Responding to recent criticism that he is no longer interested in passing health care reform legislation, U.S. Sen. Chuck Grassley said he is still committed to working towards a bipartisan bill.
“Sen. Grassley is at the table, working to develop bipartisan legislation that would get health care costs under control, make coverage accessible and affordable, and not add to the deficit,” a spokeswoman for the senator said in a statement to the Iowa Independent. “He has said many times that he’ll keep working in a bipartisan way until he’s pushed away by the Democrat leadership.”
Over the weekend liberal bloggers and one of Grassley’s Democratic opponents criticized Iowa’s senior senator for holding a fundraiser in Miami where he repeated his opposition to a government-run health insurance option. He also took fire for a fundraising letter clearly stating his “firm and unwavering opposition to government-run health care.”
Many took this as a sign that he was no longer negotiating in good faith on health care reform and accused the senator of saying one thing to constituents and another to big donors behind closed doors. They also point to his many statements that have been proven untrue regarding health care, such has his insistence that it could lead to government euthanasia of the elderly, as evidence Grassley is only paying lip service to the idea of actually passing reform legislation.
Despite all the rhetoric, Grassley is not opposed to any health care reform, his spokeswoman said, only health care reform that would include a government-run option.
“Sen. Grassley’s stance in opposition to President Obama’s desire to have government run health care is nothing new,” the senator’s statement said. “Sen. Grassley made comments to President Obama on March 6 during a nationally televised health care discussion at the White House and has reiterated his position throughout the debate that putting the federal government in charge of health care, as President Obama wants to do, would not curb medical inflation or improve the health care delivery system in America.”

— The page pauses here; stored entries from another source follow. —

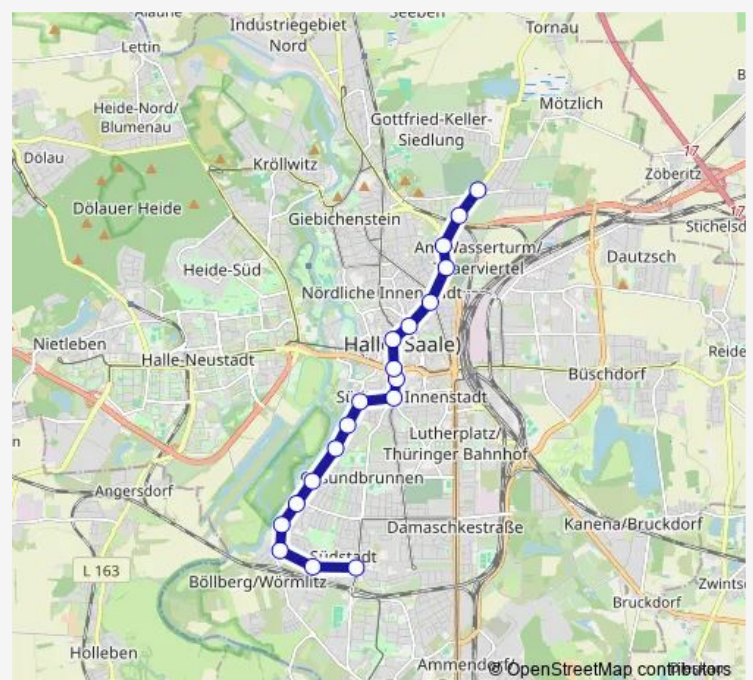

Tram 1 Str 1

[Go to website](#)

Direction

Halle (Saale), Betriebshof Rosengarten — Halle (Saale), Südstadt

9 stops

[Open route schedule](#)

Halle (Saale), Betriebshof Rosengarten

Halle (Saale), S-Bahnhof Rosengarten (Tram/Bus)

Halle (Saale), Theodor-Neubauer-Str.

Halle (Saale), Damaschkestr.

Halle (Saale), Am Grünen Feld

Halle (Saale), Vogelweide

Halle (Saale), Paul-Suhr-Str.

Halle (Saale), Moskauer Str.

Halle (Saale), Südstadt

Route schedule

Halle (Saale), Betriebshof Rosengarten — Halle (Saale), Südstadt

Monday 03:53

Tuesday —

Wednesday —

Thursday 03:53

Friday 03:53

Saturday 03:53

Sunday 03:53

Route info

Direction: Halle (Saale), Betriebshof Rosengarten

Stops: 9

Trip Duration: 0 hour 11 min

■ 1 — Str 1

Direction

Halle (Saale), Südstadt — Halle (Saale), Betriebshof Freimfelder Str.

19 stops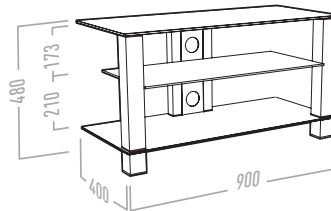

100 KG

- Plateaux en verre trempé noir 10 mm
- Pieds carrés en aluminium, collage UV des pieds pour un effet par transparence
- Peinture époxy texturée, satinée noire
- Ouvertures passe-câbles à l'arrière

- Plateau supérieur en verre trempé noir 8 mm
- Plateaux intermédiaire et inférieur en verre trempé noir 6 mm

Downloaded from www.vandepoortre.be

ERARD®

Cub 700

Ref. **035260**

GENCOD 318528 035260 9

M 19"-32"
48-81 cm

60 KG

Cub 900

Ref. **035261**

GENCOD 318528 035261 6

L 30"-42"
76-107 cm

60 KG

Cub 1100

Ref. **035262**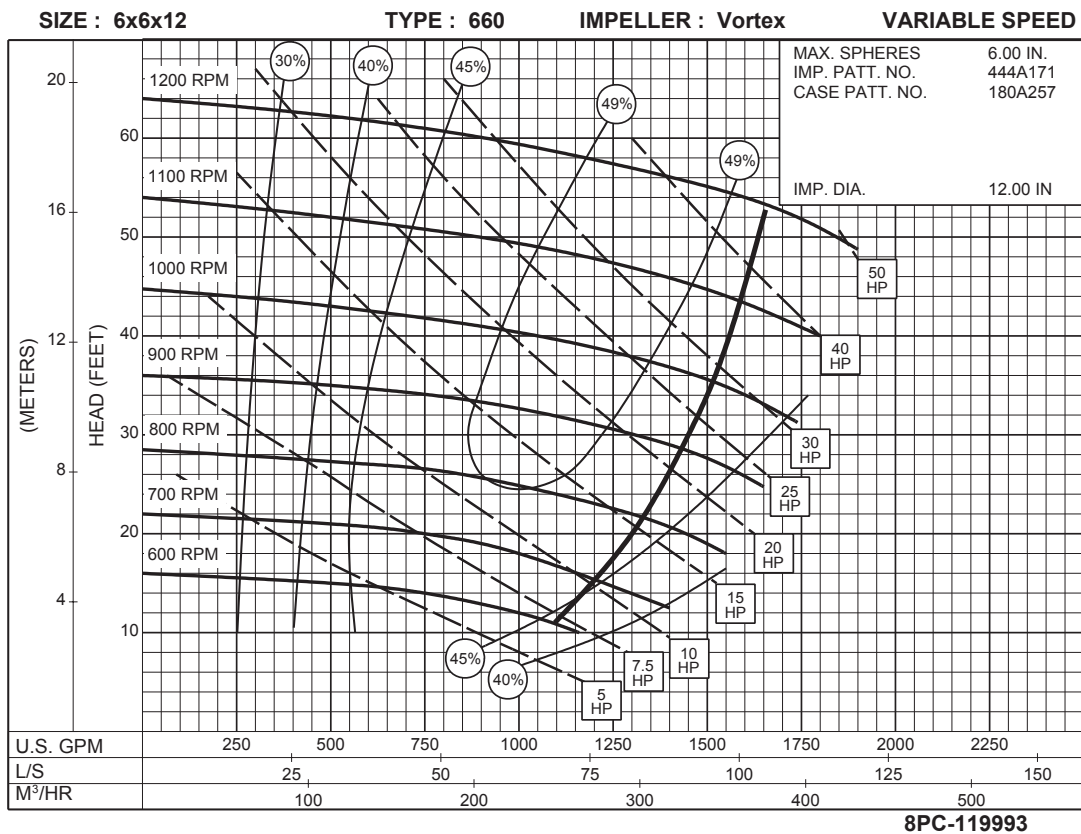

VORTEX IMPELLER

SIZE : 3x3x12 TYPE : 660 IMPELLER : Vortex VARIABLE SPEED

**1800
TO
1200
RPM**

8PC-119977

SIZE : 3x3x12 TYPE : 660 IMPELLER : Vortex VARIABLE SPEED

**1200
TO
600
RPM**

8PC-119978

4 x 4 x 9 SERIES 660 VORTEX IMPELLER

4 x 4 x 12 SERIES 660

VORTEX IMPELLER

SIZE : 4x4x12 TYPE : 660 IMPELLER : Vortex VARIABLE SPEED

8PC-119987

**1800
TO
1200
RPM**

SIZE : 4x4x12 TYPE : 660 IMPELLER : Vortex VARIABLE SPEED

8PC-119988

**1200
TO
600
RPM**

6 x 6 x 12 SERIES 660

VORTEX IMPELLER

**1800
TO
1200
RPM**

**1200
TO
600
RPM**

6 x 6 x 15 SERIES 660

VORTEX IMPELLER

SIZE : 6x6x15 TYPE : 660 IMPELLER : Vortex VARIABLE SPEED

8PC-119997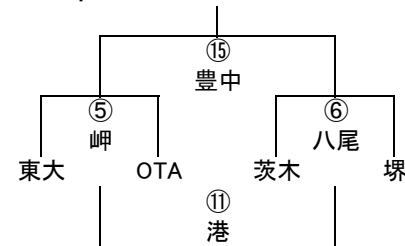

1年B-II

1年B-III

1年B-IV

1年C-I

11/3 第40回大阪府ラグビースクール・ミニ大会組み合わせ

2年A-I

	生野	布施	寝屋川
生野		① 大阪	⑧ 阿倍野
布施			⑬ 吹田
寝屋川			

2年A-II

	四条畷	大中	花園
四条畷		② 寝屋川	⑨ 布施
大中			⑭ 生野
花園			

2年A-III

	吹田	阿倍野	大阪
吹田		③ 花園	⑩ 大中
阿倍野			⑮ 四条
大阪			

2年A-IV

2年A-V

2年B-I

2年B-II

2年B-III

2年B-IV

2年C-I

11/3 第40回大阪府ラグビースクール・ミニ大会組み合わせ

4年A-I

	みなと	堺	東大阪
みなと		① 吹田	⑥ 阿倍
堺			⑨ 八尾
東大阪			

4年A-II

4年A-III

4年B-I

Earlier this month Grassley was critical of the idea that bipartisan legislation may only come after Republicans manage to defeat a Democratic plan, saying he’d rather continue to work on a bipartisan bill than run the risk of Democrats passing a bill with no Republican input.
“If the Democrats are successful doing that, we’ll be stuck with that plan forever,” he said at the time. “I don’t think things like that, once changed, will be changed back.”
Grassley and a bipartisan group of senators on the Finance Committee, known as the “Gang of Six,” have been holding closed-door meetings all summer trying to craft a bill that could garner widespread support. However, recent statements by the committee’s leader, Montana Democrat Max Baucus, indicate he is ready to forgo continued work on a bipartisan bill in order to get health care reform to the full Senate sooner rather than later. Baucus told Kaiser Health News that he is committed to getting health reform “done right and done this year.”